The Chickens Come Home

The Chickens Come Home May 26, 2022

Anyone aware of my personal story knows that before leaving the fundamentalist/evangelical world, I was a Southern Baptist, which is the denomination called the Southern Baptist Convention (SBC). It was, and still is, the largest Protestant/evangelical denomination in America.

It’s origins lie in the Civil War, as it took the side of the Confederacy and slavery, thus the “Southern” designation. I was raised up in these churches, although ones out in the Pacific Northwest and California. Since these western churches would often seek and hire pastors from the south or mid-west, they often had a southern or mid-western sensibility or cultural influence.

I was “saved” in an SBC church, baptized, and eventually served in almost every capacity a young man could, from helping take the offering, to teaching Sunday school, deacon, youth leader, and finally a pastor.
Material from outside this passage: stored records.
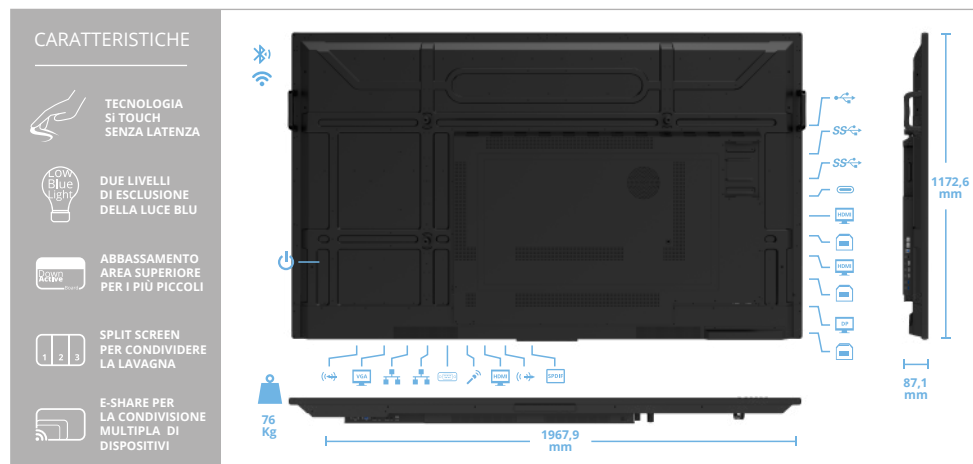

Semplifica la didattica digitale grazie alle Digital Board della linea Scena NT.

Ideale per scrivere e disegnare anche a più mani con l'app S-Writing, oltre a riprodurre video, navigare sul web e proiettare slide interattive.

L'ampio e luminoso display di Scena NT con trattamento antiriflesso, garantisce un'ottima visibilità dall'ultima alla prima fila di banchi, mentre il sistema **Low Blue Light mode dinamico** consente la riduzione, con due livelli d'intensità diversi, della luce blu evitando l'affaticamento della vista a chi sta scrivendo.

La tecnologia **Si Touch** (Sensitive infrared Touch) offre un'esperienza di scrittura, simile alla lavagna tradizionale, ma più evoluta. I tratti seguono i gesti con assoluta naturalezza e fluidità generando linee precise, scorrevoli, praticamente magiche.

Il display degli Scena NT è sensibile alla pressione e alla velocità del tratto, in più consente l'utilizzo di diverse configurazioni della lavagna stessa, in funzione alle necessità del docente. Con **Split Screen** è possibile suddividere lo schermo in più aree indipendenti ed utilizzare più tocchi contemporaneamente. Inoltre, con un semplice gesto è possibile abbassare la parte attiva del display, grazie alla modalità **DAB (DownActive Board)** per agevolare i più piccoli.

Le intuitive e subito pronte all'uso Digital Board Scena NT sono **predisposte per l'integrazione di un Embedded OPS**, con sistema operativo Windows, in grado di accedere alle applicazioni di uso comune come Word, Excel, Power Point o a software dedicati all'insegnamento. **La ricca connettività (App E-Share, Bluetooth, WiFi, 2 porte LAN, porte video HDMI e dati USB 3.0 Type-C d'ultima generazione) consente di collegare qualsiasi dispositivo e condividere contenuti in tempo reale anche senza cavo.**

Basta un semplice tocco per creare uno screenshot dello schermo ed utilizzare gli strumenti in dotazione per rendere le lezioni più coinvolgenti, interattive e dinamiche. In qualsiasi momento sarà possibile salvare e condividere il lavoro svolto con gli studenti, integrando così il loro materiale didattico.

Praticamente magica

La lavagna come non l'hai mai vista

I was educated at an SBC seminary and for a big part of my life, the SBC was my home spiritually and religiously.

Moreover, I truly thought (at that time) it was the denomination that most closely aligned with what the Bible and the early church taught and practiced. It was my world. I had drawn deeply from the wells it had to offer. I knew the culture, the history, the myths, the heroes and, most importantly (I thought at the time), the “villains.” 

I grew up during the “conservative resurgence” when, according to the myth, the SBC was saved from becoming “liberal” or “progressive” like all those other heathen denominations. Nope, not us, we were going to go back to truly believing what the Bible said, meaning “literally,” said. None of that namby, pamby, highfalutin, hermeneutics/higher criticism for us from places like Europe for Pete’s sake.

Anyway, they were successful. They (people I would consider fundamentalists) did take over and they purged from SBC institutions those leaders/professors they believed were too liberal/progressive or, who were just, women. The people who set the takeover in motion were hailed as heroes. Two of those people, Paul Pressler and Paige Patterson, no longer seem to be viewed that way (Gee, I wonder why?…).

These were the same people who joined with Jerry Falwell’s “Moral Majority,” defended “family values,” and began to become active politically eventually becoming a key force within the Republican Party. They were vocal in their condemnation of feminism, same sex attraction/relationships, gay marriage, and a host of other cultural issues. They became culture warriors and champions of “traditional values.” They lectured the culture and demonized their opponents, framing the divide as a war of good against evil, and not as something where reasonable people could reasonably disagree.

It turns out though that underneath all that bluster and activity, hidden, was something putrid and rotting. See here and here. Was it all projection? Was it all something that happens when a person, due to their own internal struggles, tries to over-compensate and hide those struggles by crusading against the very thing they fear holds them?

For example, there have been cases (again, see Paul Pressler) where it’s turned out that some of those the most vocal in denouncing same-sex attraction were themselves struggling with same sex attraction. Was all the anti-feminism, sexism, and misogyny due to their own insecurity and fear of strong women? If not an outright hatred, was there an underlying deep disrespect and distrust of women? Was it what happens when patriarchy and “complementarianism” become deeply embedded in an institution?

Was it all the result of reading the Bible “literally” along with a deeply misguided and shallow method of interpretation? All of it? Probably, along with other factors. I’m not sure it matters now. I doubt it matters to the people who were abused. The damage has been done. This report and these events, if I needed any, only confirm to me again this point: I made the right decision to leave that world and that denomination.

One other final observation: The people noted in this report and those who have been leading the SBC since the fundamentalist takeover, are some of the same people who brought us ethically challenged political personalities like Trump and the culture wars. I don’t know if they ever did, but after this report, they have zero credibility in these arenas.

The next time any of them tell us who to vote for, or what they think about “family” or “traditional” values, the role of women, women pastors, or something else in the cultural or political realm, I think we have every right at this point to tell them to, well, I’ll leave that to your imagination but I’m thinking of a word that begins with the letter “f” and ends with the word “off.”